Fig. 3 Structure of the WSMO description of the design

A workflow represented in terms of SWS descriptions is shown. Get-Polygon-GIS-data-with-FiIterGoal represents a request


for available evacuation shelters within the area. The client specifies the requirements as a target area, radius, and a shelter
type (e.g. hospitals, hotels, schools). As mentioned above, the set of emergency planning web services each return potential
shelters of a specific type with a circular query area. The given results are filtered in order to return only shelters correlated
to emergency-specific requirements (a storm, for example). From a SWS point of view the problems to be solved by this
particular portion of the SWS layer includes discovering the appropriate Emergency Planning Web service and composing
the retrieve and filter data operations. Below, how WSMO representations address these problems are shown.

• Web service discovery. Each web service description of an emergency service defines the specific class of shelter
that the service provides. Each definition is linked to the Get-Circle-GIS-Data-Goal by means of a unique WG-
mediator (wgM). The inputs of the goal specify the class of shelter, and the circular query area. At invocation, IRS-
III discovers through the WG-mediator all associated Web services, and chooses one on the basis of the specific
class of shelter described in the Web service capability.
• Area mediation and orchestration. The Get-Polygon-GIS-data-with-Filter-Goal is associated with a unique Web
service that orchestrates, by simply invoking three sub-goals in sequence. The first gets the list of polygon points
from the input; the second is Get-Circle-GIS-Data-Goal described above; finally, the third invokes the smart service
that filters the list of GIS data.

4 Example Usage
The application user interface is based on Web standards. One of the main components of the interface is a map, which uses
the ArcGIS Online API to display polygons and objects, custom images, at specific coordinates and zoom level. Goals and
attributes are attached to such objects; they are displayed in a pop up window or in a hovering transparent region above the
main interface.
A user defines a flooding hazard, which offers a specific goal, before trying to contact relevant agents. The procedure is as
follows:
1. Based on external emergency information or a critical alarm from one of the deployed flood sensors, validated
by the flood hazard map from the database, an officer draws a polygon (red, indicating that the flood is 1-m or
higher), then assigns a type of emergency to the region. Here, a neck-high flood.
Fig. 4a, 4b Polygon designating the affected area

2. Described in the ontology, the new instance has attached features and goals. Here the goals are as follows: since
it is a neck-high flood, one gets shelters at distance from the area outside the red region, two others connect to
BuddySpace and get relevant presences.

Fig. 5 Defined area present goals which can be queried to provide objects and allow added interactions
3. First, the user requests all possible evacuation centers inside the region, they are retrieved with their features and
attached goals.

Fig. 6a, 6b Goals and features attached

4. With that information the officer logs into BuddySpace, then contacts the relevant persons to request action or
information e.g. AFP for mobilization of stranded individuals and/or DSWD for relief support.

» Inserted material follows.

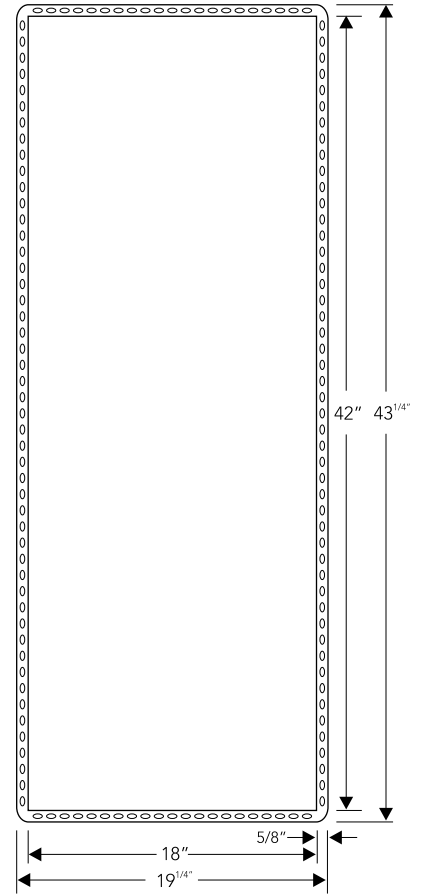

*Series Origin is available in multiple finishes and can be customized with rails and a hammered texture. Details on pages 248-251.

Fig. 7 Relevant presences are provided and the emergency personnel contacts them for relevant information.
5 Conclusion
The emergency response system discussed in this paper, as an example of Semantic Web GIS, provides a service oriented
tool for emergency personnel. By using existing components of an existing system, efforts of future development can be
minimized. The framework described in the previous sections can also be used in other applications like traffic management
or extensions in airport authorities.